▸ **Records shown**
--- START ---

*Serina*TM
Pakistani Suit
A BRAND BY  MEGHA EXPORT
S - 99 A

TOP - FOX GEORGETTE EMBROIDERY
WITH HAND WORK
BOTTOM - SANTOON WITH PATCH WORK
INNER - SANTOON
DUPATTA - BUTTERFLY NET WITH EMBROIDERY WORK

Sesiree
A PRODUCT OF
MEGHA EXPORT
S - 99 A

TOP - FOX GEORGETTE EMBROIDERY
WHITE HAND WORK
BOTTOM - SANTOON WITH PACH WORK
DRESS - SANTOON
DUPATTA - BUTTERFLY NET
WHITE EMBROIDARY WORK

--- END ---
--- START ---

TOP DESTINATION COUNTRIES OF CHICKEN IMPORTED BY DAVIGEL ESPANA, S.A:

--- END ---

▸ **Directions**
Give back, exactly as written, the stretch from the line with "BOTTOM - SANTOON WITH PATCH WORK" through the line with "WHITE EMBROIDARY WORK", and no other lines from the records above.

▸ **Exercise output**
BOTTOM - SANTOON WITH PATCH WORK
INNER - SANTOON
DUPATTA - BUTTERFLY NET WITH EMBROIDERY WORK

Sesiree
A PRODUCT OF
MEGHA EXPORT
S - 99 A

TOP - FOX GEORGETTE EMBROIDERY
WHITE HAND WORK
BOTTOM - SANTOON WITH PACH WORK
DRESS - SANTOON
DUPATTA - BUTTERFLY NET
WHITE EMBROIDARY WORK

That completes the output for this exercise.